Hartel was determined to continue her equestrian career despite medical advice otherwise, and in 1947 she finished second at the Scandinavian championships, although she had to be helped onto her horse when she rode.

Dressage at the Olympics was open only to commissioned military officers until 1952, and in that year Hartel was one of the first women to compete against men in an equestrian sport at the Olympics. Her silver medal in 1952 for Individual Dressage was the first by any woman in any individual sport when in direct competition with men at the Olympics, and she was also the Danish champion in dressage that year. She continued to be Danish champion in dressage in 1953, 1954, 1956 and 1959.

In 1956, she also won another silver medal, this time at the 1956 Olympics in Melbourne, Australia (the Equestrian Games of those Olympics were held in Stockholm because of Australian quarantine laws for horses).

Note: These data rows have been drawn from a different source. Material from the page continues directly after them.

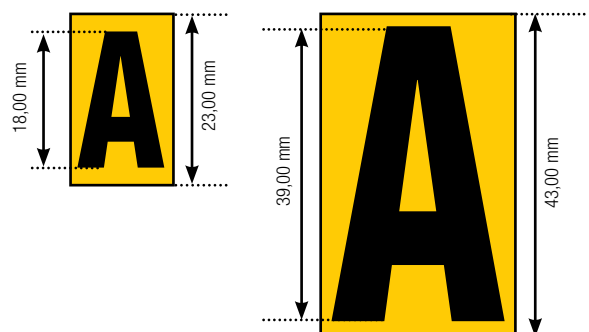

Magnetische letterset

Artikelnr.	Kleur	Karakterhoogte (mm)	Hoogte (mm)
224069	Zwart op Wit	18,00	23,00
224070	Zwart op Wit	39,00	43,00
224067	Zwart op Geel	18,00	23,00
224068	Zwart op Geel	39,00	43,00

Aantal letters per set													
Hoogte: 18/23 mm			Hoogte: 39/43 mm										
A	12	K	5	U	7	A	3	K	1	U	3	◀	2
B	6	L	7	V	6	B	2	L	2	V	2		
C	8	M	8	W	3	C	2	M	2	W	1		
D	7	N	11	X	2	D	2	N	3	X	1		
E	21	O	12	Y	2	E	4	O	2	Y	1		
F	7	P	5	Z	4	F	2	P	2	Z	2		
G	7	Q	3	▶	6	G	2	Q	1	▶	6		
H	6	R	9	◻	6	H	2	R	3	▶	2		
I	14	S	8			I	3	S	3	◻	2		
J	4	T	8			J	1	T	3	=	1

After retiring from competitive riding, Hartel gave demonstrations, raising money for polio sufferers and supporting therapeutic riding for people with disabilities. The Lis Hartel Foundation in the Netherlands, named after her, offers such riding opportunities.

In 1992 Hartel was inducted into Denmark's Hall of Fame, and in 2005 she was named one of Denmark's top 10 athletes of all time.

==Horse==
Lis Hartel primarily rode Jubilee, a Thoroughbred/Oldenburg cross mare owned by the Holst family, during the Olympic Games. The mare was bred in Denmark in 1941 by Otto Viller Petersen, and was sired by the Thoroughbred stallion Rockwood out of an imported Oldenburg mare of unknown pedigree.

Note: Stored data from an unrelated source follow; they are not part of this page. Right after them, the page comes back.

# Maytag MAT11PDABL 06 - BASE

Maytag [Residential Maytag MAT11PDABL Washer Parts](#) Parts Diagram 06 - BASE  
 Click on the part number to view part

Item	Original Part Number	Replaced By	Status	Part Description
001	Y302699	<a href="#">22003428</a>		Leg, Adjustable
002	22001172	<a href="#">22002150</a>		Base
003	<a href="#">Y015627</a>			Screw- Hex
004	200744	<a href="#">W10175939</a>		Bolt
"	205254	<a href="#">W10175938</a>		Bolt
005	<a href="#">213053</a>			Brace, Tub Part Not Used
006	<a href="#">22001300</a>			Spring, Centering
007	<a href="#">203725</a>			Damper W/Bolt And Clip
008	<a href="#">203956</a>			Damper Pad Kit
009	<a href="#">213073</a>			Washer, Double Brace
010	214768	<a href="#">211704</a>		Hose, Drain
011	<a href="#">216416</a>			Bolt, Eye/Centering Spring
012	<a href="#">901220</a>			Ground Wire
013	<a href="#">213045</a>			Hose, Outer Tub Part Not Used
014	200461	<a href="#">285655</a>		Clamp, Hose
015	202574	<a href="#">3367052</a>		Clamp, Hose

The mare was also not immediately a dressage prospect, based on her conformation, per Lis Hartel's daughter, Pernille Hartel-Siesbye: "Jubilee was neither noble nor beautiful, and she had a very long back. Later when being trained and well-muscled she looked better, but in the stable she remained a rather ordinary looking horse. Visitors who came to see the horse in the stall were often very surprised, and asked if this was really Jubilee."